# Waveform Inversion for Subsurface Imaging - Kaggle Competition

### 1. Imports and Setup
 In this section, I import all the required libraries.

In [None]:
import os
import numpy as np
import pandas as pd
import matplotlib.pyplot as plt
import seaborn as sns

from pathlib import Path
from tqdm import tqdm

import torch
import torch.nn as nn
from torch.utils.data import Dataset, DataLoader

from sklearn.model_selection import train_test_split

# Reproducibility
SEED = 42
np.random.seed(SEED)
torch.manual_seed(SEED)

# 2. Load and Inspect Data
I want to understand the shapes and patterns in the training data

In [None]:
train_data_dir = Path("/kaggle/input/waveform-inversion/train_samples/FlatVel_A")

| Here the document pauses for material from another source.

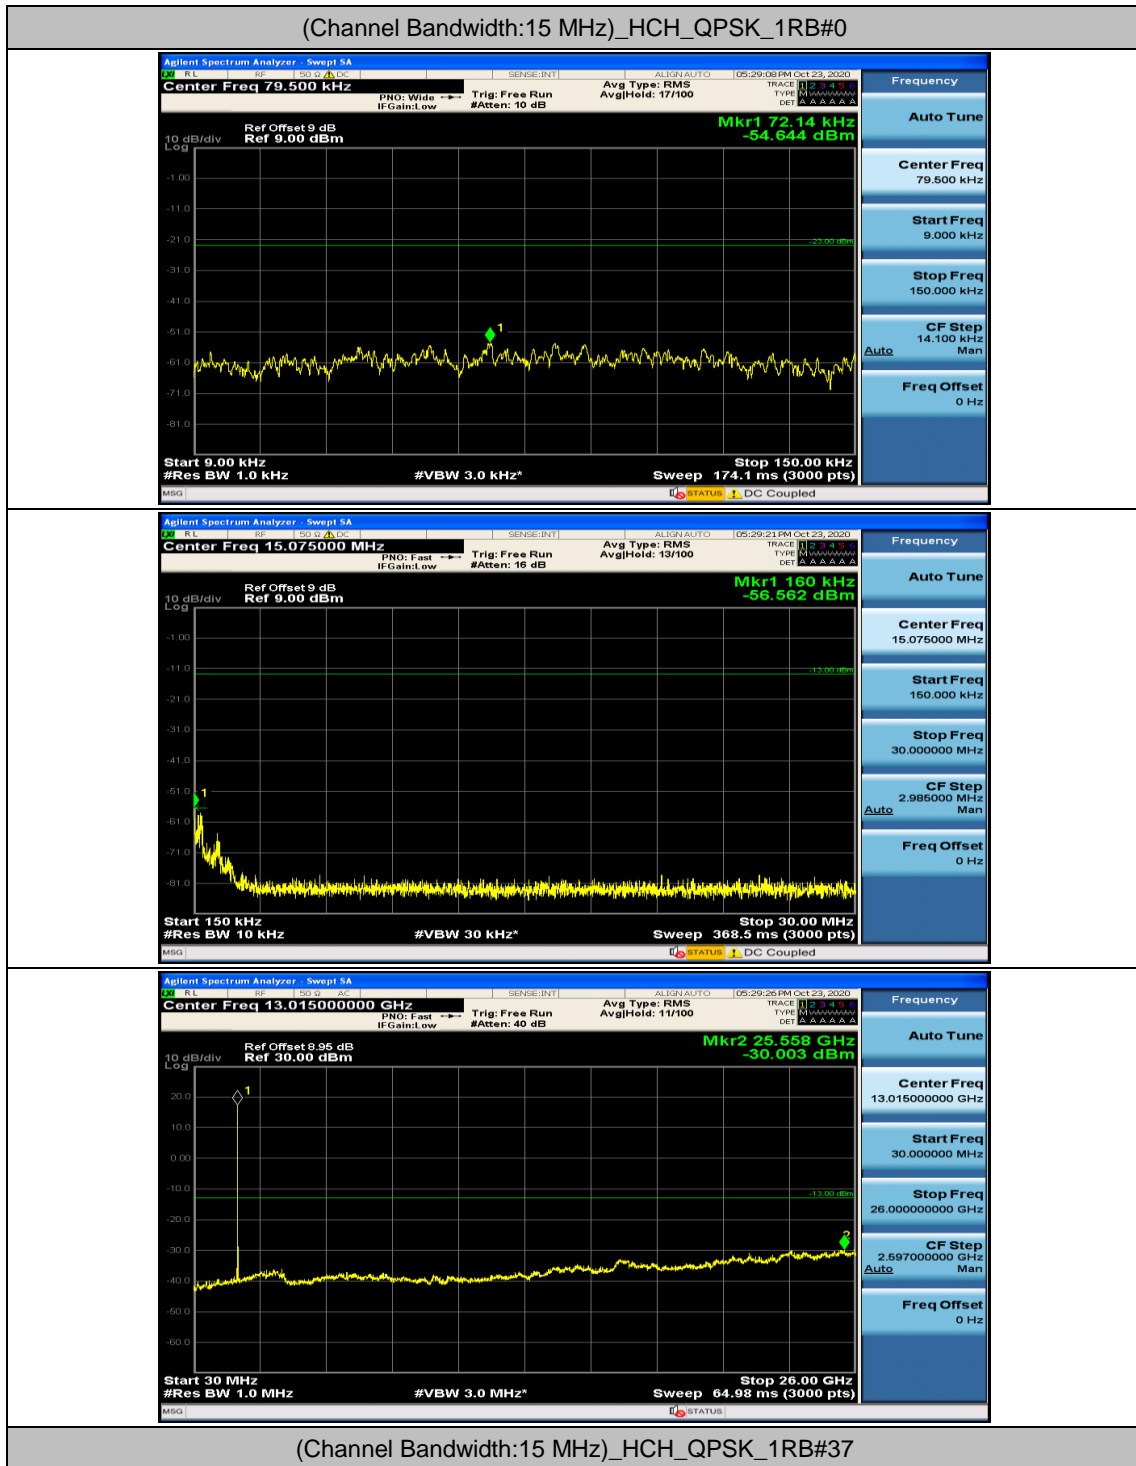

Channel Bandwidth: 15 MHz

(Channel Bandwidth:15 MHz)_MCH_16QAM_1RB#0

(Channel Bandwidth:15 MHz)_MCH_16QAM_1RB#37

Channel Bandwidth: 20 MHz

# Load one sample to inspect shapes
velocity = np.load(train_data_dir / "model/model2.npy")
data = np.load(train_data_dir / "data/data2.npy")
print("Velocity map shape:", velocity.shape)
print("Seismic data shape:", data.shape)

# 3. Define Custom Dataset Class
I create a PyTorch dataset that loads seismic data and its corresponding velocity maps


In [None]:
class FWI_Dataset(Dataset):
    def __init__(self, data_paths, model_paths):
        self.data_paths = data_paths
        self.model_paths = model_paths

    def __len__(self):
        return len(self.data_paths)

    def __getitem__(self, idx):
        x = np.load(self.data_paths[idx])  # shape: (samples, sources, time, receivers)
        y = np.load(self.model_paths[idx])  # shape: (samples, height, width)

        # Normalize seismic data sample-wise
        x = (x - x.mean()) / (x.std() + 1e-6)

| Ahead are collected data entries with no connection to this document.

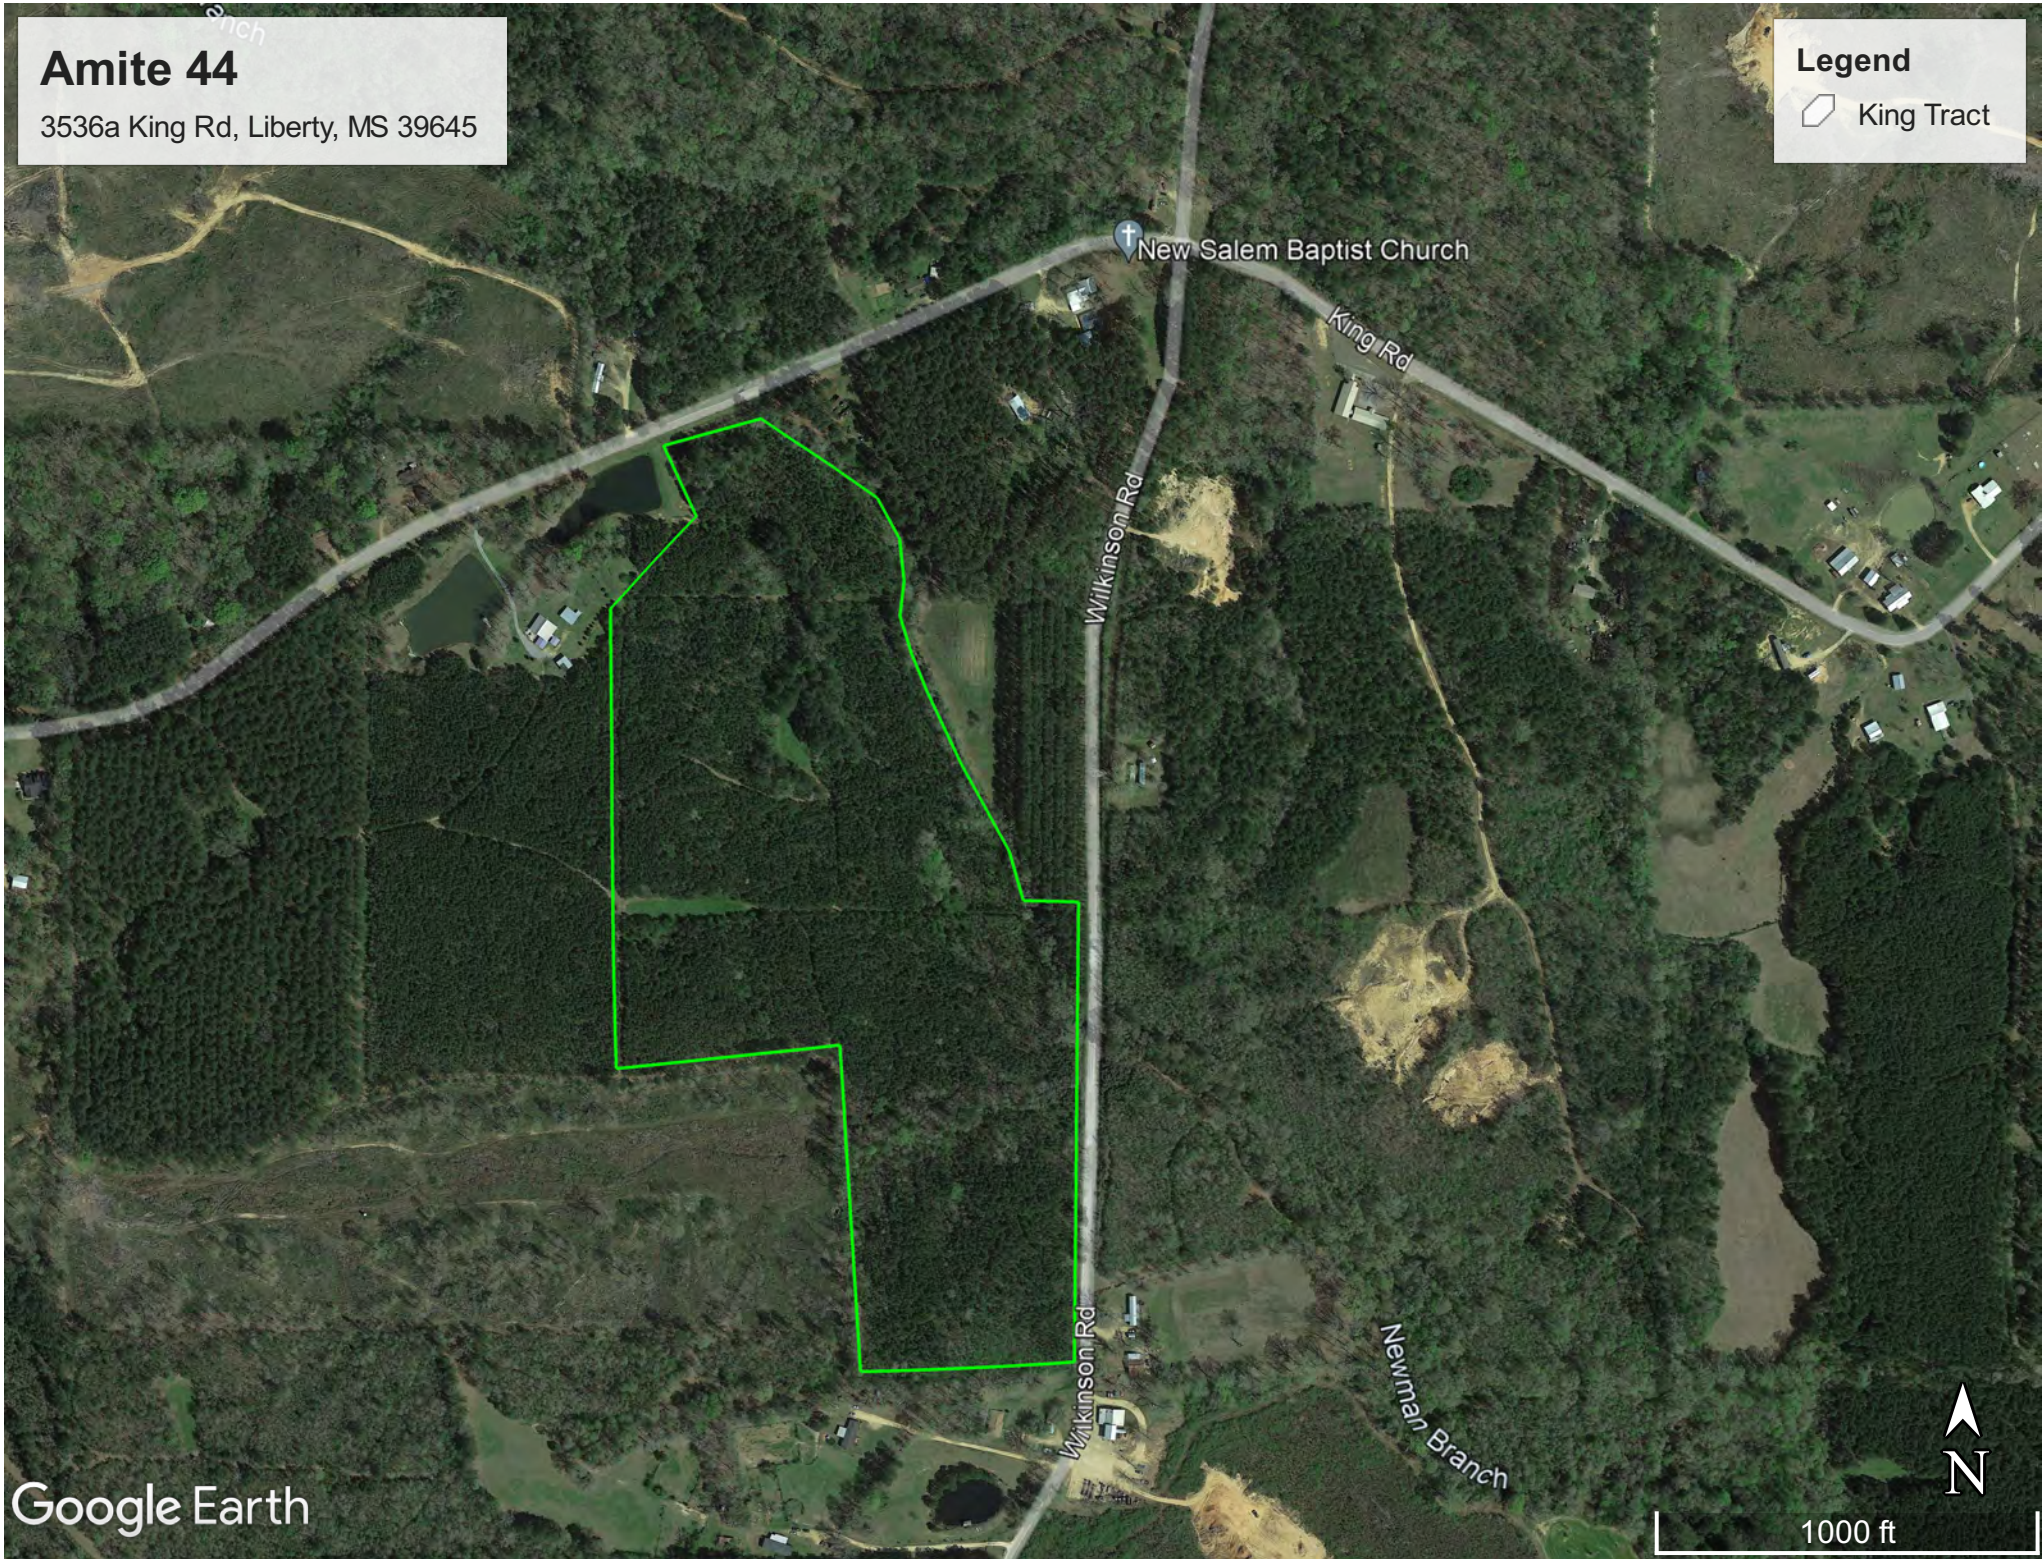

 King Tract

Amite 44

3536a King Rd, Liberty, MS 39645

Legend

 King Tract

SCALE - 1" = 300 FT.

DATE: OCT. 5, 1987

BEG. OF SURVEY - IRON CORNER
 STAKE FOUND MARKING THE
 S.E. CORNER OF SECTION 1,
 T-3-N, R-3-E, AMITE CO., MISS.

A DIVISION OF LANDS OF LLOYD KING
 IN SECTION 1, T-3-N, R-3-E, AMITE CO., MISS.

SURVEYED BY
 WILLIE A. MOAK, SURVEYOR
 MRC LICENSE No 1510

        return torch.tensor(x, dtype=torch.float32), torch.tensor(y, dtype=torch.float32)

# 4. Build the Model
I'll use a small U-Net architecture to map seismic data to velocity maps


In [None]:
class DoubleConv(nn.Module):
    def __init__(self, in_channels, out_channels):
        super().__init__()
        self.double_conv = nn.Sequential(
            nn.Conv2d(in_channels, out_channels, 3, padding=1),
            nn.ReLU(inplace=True),
            nn.Conv2d(out_channels, out_channels, 3, padding=1),
            nn.ReLU(inplace=True)
        )

    def forward(self, x):
        return self.double_conv(x)

class UNet(nn.Module):
    def __init__(self):
        super().__init__()
        self.encoder1 = DoubleConv(1, 32)
        self.pool1 = nn.MaxPool2d(2)
        self.encoder2 = DoubleConv(32, 64)

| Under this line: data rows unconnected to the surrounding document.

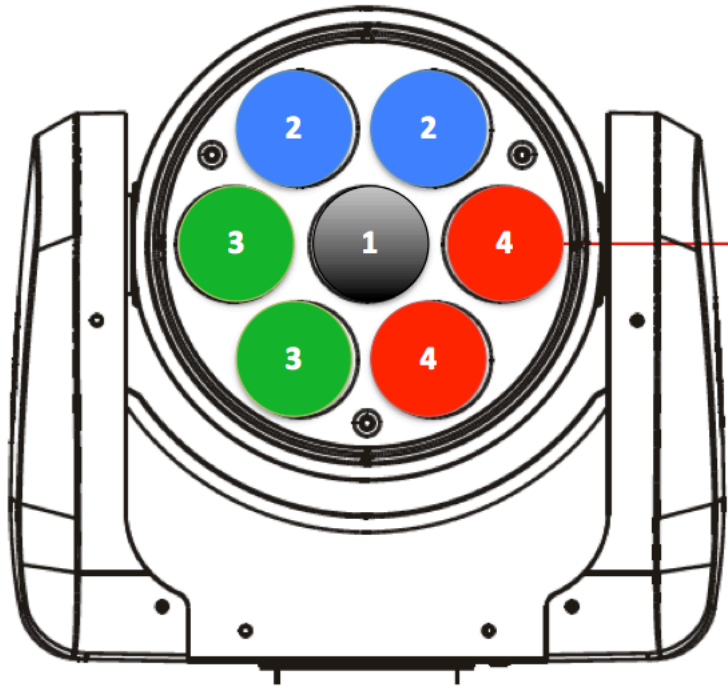

ELATION® RAYZOR Q7™

SKU# RAY047 - DMX Channel Values / Functions (29 DMX Channels)

Specifications are subject to change without any prior written notice.

Mode/Channel			Value	Function
STAND	BASIC	EXTEND		
17	15	29		RESET INTERNAL PROGRAMS
			0-79	Normal
			80-84	All Motor Reset
			85-87	NO Function
			88-90	NO Function
			91-93	Store White Balance Enabled
			94-96	NO Function
			97-99	NO Function
			100-119	Internal Program 1 (Scene 1 - 8)
			120-139	Internal Program 2 (Scene 9 - 16)
			140-159	Internal Program 3 (Scene 17 - 24)
			160-179	Internal Program 4 (Scene 25 - 32)
			180-199	Internal Program 5 (Scene 33 - 40)
			200-219	Internal Program 6 (Scene 41 - 48)
			220-239	Internal Program 7 (Scene 49 - 56)
			240-255	Music Control (Scene Of Program 1)

LED GROUPS

Elation Professional USA | 6122 S. Eastern Ave. | Los Angeles, CA. 90040
323-582-3322 | 323-832-9142 fax | www.elationlighting.com | info@elationlighting.com

Elation Professional B.V. | Junostraat 2 | 6468 EW Kerkrade, Netherlands
+31 45 546 85 66 | +31 45 546 85 96 fax | www.elationlighting.eu | info@elationlighting.eu

        self.up = nn.ConvTranspose2d(64, 32, kernel_size=2, stride=2)
        self.decoder = DoubleConv(64, 32)
        self.output_layer = nn.Conv2d(32, 1, kernel_size=1)

    def forward(self, x):
        x1 = self.encoder1(x)
        x2 = self.encoder2(self.pool1(x1))
        x = self.up(x2)
        x = torch.cat([x1, x], dim=1)
        x = self.decoder(x)
        return self.output_layer(x)

# 5. Train the Model
Here I’ll define a simple training loop

In [None]:
def train_one_epoch(model, loader, optimizer, criterion):
    model.train()
    running_loss = 0.0
    for x, y in loader:
        x = x.unsqueeze(1).to(device)  # Add channel dim
        y = y.unsqueeze(1).to(device)

        optimizer.zero_grad()
        outputs = model(x)
        loss = criterion(outputs, y)
        loss.backward()
        optimizer.step()
        running_loss += loss.item()
    return running_loss / len(loader)

# 6. Inference and Submission
Predict and reshape into format

In [None]:
def predict_and_format(model, test_loader, sample_submission):
    model.eval()
    predictions = []
    with torch.no_grad():
        for x in test_loader:
            x = x.unsqueeze(1).to(device)
            preds = model(x).squeeze(1).cpu().numpy()
            predictions.extend(preds)

    # Only keep odd-indexed columns
    output = []
    for i, pred in enumerate(predictions):
        for y in range(pred.shape[0]):
            row = pred[y, ::2]  # odd-indexed columns
            output.append([f"testoid_y_{y}"] + row.tolist())

    columns = ["oid_ypos"] + sample_submission.columns[1:].tolist()
    df = pd.DataFrame(output, columns=columns)
    return df


# 7. Visualizations
I use a quick look at one seismic example and its corresponding velocity map


In [None]:
def visualize_sample(data_path, model_path):
    seismic = np.load(data_path)[0]  # (sources, time, receivers)
    velocity = np.load(model_path)[0]  # (height, width)

    fig, axs = plt.subplots(1, 2, figsize=(12, 5))
    axs[0].imshow(seismic.mean(axis=0), cmap="seismic", aspect='auto')
    axs[0].set_title("Seismic Data (mean over sources)")
    axs[1].imshow(velocity, cmap="viridis")
    axs[1].set_title("Velocity Map")
    plt.show()

In [None]:
# Pair of files to visualize
sample_data_path = "/kaggle/input/waveform-inversion/train_samples/FlatVel_A/data/data2.npy"
sample_model_path = "/kaggle/input/waveform-inversion/train_samples/FlatVel_A/model/model2.npy"

visualize_sample(sample_data_path, sample_model_path)